§ Try it
Two lines below mark the span: the one containing "Игровая гарнитура HS100W" and the one containing "1. Вставьте штекер". Set down both, plus every line between, exactly as they stand, and nothing else.

Stored dataset items:
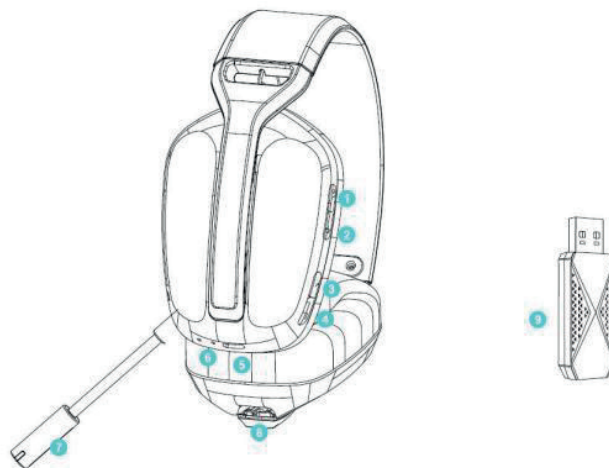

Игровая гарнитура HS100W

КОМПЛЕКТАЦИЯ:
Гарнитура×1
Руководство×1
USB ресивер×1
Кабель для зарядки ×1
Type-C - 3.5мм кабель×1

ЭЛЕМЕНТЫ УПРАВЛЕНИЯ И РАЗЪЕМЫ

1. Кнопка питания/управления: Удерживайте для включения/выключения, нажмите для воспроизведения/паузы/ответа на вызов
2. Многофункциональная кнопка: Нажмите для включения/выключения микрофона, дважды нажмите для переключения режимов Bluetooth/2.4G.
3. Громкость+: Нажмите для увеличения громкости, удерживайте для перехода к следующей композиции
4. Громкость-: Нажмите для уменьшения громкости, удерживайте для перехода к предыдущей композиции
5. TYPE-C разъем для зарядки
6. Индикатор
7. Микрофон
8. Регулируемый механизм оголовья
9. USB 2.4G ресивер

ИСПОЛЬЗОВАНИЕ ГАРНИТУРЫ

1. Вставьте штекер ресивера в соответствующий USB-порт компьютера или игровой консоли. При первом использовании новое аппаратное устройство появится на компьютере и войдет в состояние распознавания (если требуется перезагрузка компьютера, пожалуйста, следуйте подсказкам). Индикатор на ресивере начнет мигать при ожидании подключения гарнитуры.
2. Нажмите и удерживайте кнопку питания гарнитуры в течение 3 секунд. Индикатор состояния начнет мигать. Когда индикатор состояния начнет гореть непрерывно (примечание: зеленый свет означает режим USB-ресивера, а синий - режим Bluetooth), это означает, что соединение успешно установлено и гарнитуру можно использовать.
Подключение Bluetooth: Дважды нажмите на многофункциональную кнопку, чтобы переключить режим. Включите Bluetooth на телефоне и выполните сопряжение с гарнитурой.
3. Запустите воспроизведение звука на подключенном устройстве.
* * *
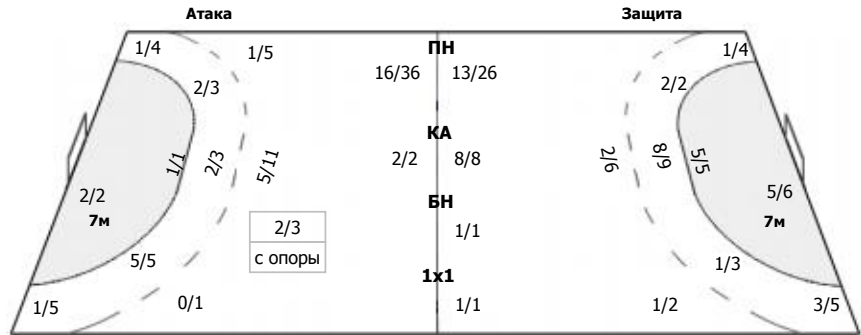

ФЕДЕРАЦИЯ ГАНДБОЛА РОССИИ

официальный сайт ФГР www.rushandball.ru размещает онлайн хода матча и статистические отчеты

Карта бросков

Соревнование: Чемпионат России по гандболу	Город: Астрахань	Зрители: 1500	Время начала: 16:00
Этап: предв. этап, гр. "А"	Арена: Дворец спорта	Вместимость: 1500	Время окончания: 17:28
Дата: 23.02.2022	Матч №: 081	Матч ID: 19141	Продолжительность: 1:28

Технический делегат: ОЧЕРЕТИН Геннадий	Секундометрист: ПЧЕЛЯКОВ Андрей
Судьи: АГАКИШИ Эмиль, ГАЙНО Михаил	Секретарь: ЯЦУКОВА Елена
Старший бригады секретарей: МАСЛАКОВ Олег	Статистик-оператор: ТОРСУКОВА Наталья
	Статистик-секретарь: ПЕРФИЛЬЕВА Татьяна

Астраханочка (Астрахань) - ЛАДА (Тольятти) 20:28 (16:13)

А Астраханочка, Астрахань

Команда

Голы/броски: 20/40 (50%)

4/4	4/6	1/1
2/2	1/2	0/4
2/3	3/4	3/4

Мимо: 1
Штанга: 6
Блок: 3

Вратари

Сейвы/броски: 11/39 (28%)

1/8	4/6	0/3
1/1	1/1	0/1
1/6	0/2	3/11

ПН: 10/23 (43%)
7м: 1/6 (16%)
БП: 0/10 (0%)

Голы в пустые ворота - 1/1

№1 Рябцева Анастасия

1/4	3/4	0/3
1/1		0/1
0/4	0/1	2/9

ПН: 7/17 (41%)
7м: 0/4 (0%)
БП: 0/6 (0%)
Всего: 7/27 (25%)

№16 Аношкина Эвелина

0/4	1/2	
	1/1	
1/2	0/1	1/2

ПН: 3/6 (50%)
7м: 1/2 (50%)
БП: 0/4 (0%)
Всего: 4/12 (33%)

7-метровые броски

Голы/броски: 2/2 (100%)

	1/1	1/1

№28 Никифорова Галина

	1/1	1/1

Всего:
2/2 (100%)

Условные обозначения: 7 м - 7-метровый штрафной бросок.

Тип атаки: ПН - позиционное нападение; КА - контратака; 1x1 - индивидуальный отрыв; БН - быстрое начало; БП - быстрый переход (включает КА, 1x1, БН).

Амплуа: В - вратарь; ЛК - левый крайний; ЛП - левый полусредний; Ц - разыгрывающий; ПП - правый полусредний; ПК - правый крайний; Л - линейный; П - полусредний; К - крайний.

§ Reply to the task
Игровая гарнитура HS100W

КОМПЛЕКТАЦИЯ:
Гарнитура×1
Руководство×1
USB ресивер×1
Кабель для зарядки ×1
Type-C - 3.5мм кабель×1

ЭЛЕМЕНТЫ УПРАВЛЕНИЯ И РАЗЪЕМЫ

1. Кнопка питания/управления: Удерживайте для включения/выключения, нажмите для воспроизведения/паузы/ответа на вызов
2. Многофункциональная кнопка: Нажмите для включения/выключения микрофона, дважды нажмите для переключения режимов Bluetooth/2.4G.
3. Громкость+: Нажмите для увеличения громкости, удерживайте для перехода к следующей композиции
4. Громкость-: Нажмите для уменьшения громкости, удерживайте для перехода к предыдущей композиции
5. TYPE-C разъем для зарядки
6. Индикатор
7. Микрофон
8. Регулируемый механизм оголовья
9. USB 2.4G ресивер

ИСПОЛЬЗОВАНИЕ ГАРНИТУРЫ

1. Вставьте штекер ресивера в соответствующий USB-порт компьютера или игровой консоли. При первом использовании новое аппаратное устройство появится на компьютере и войдет в состояние распознавания (если требуется перезагрузка компьютера, пожалуйста, следуйте подсказкам). Индикатор на ресивере начнет мигать при ожидании подключения гарнитуры.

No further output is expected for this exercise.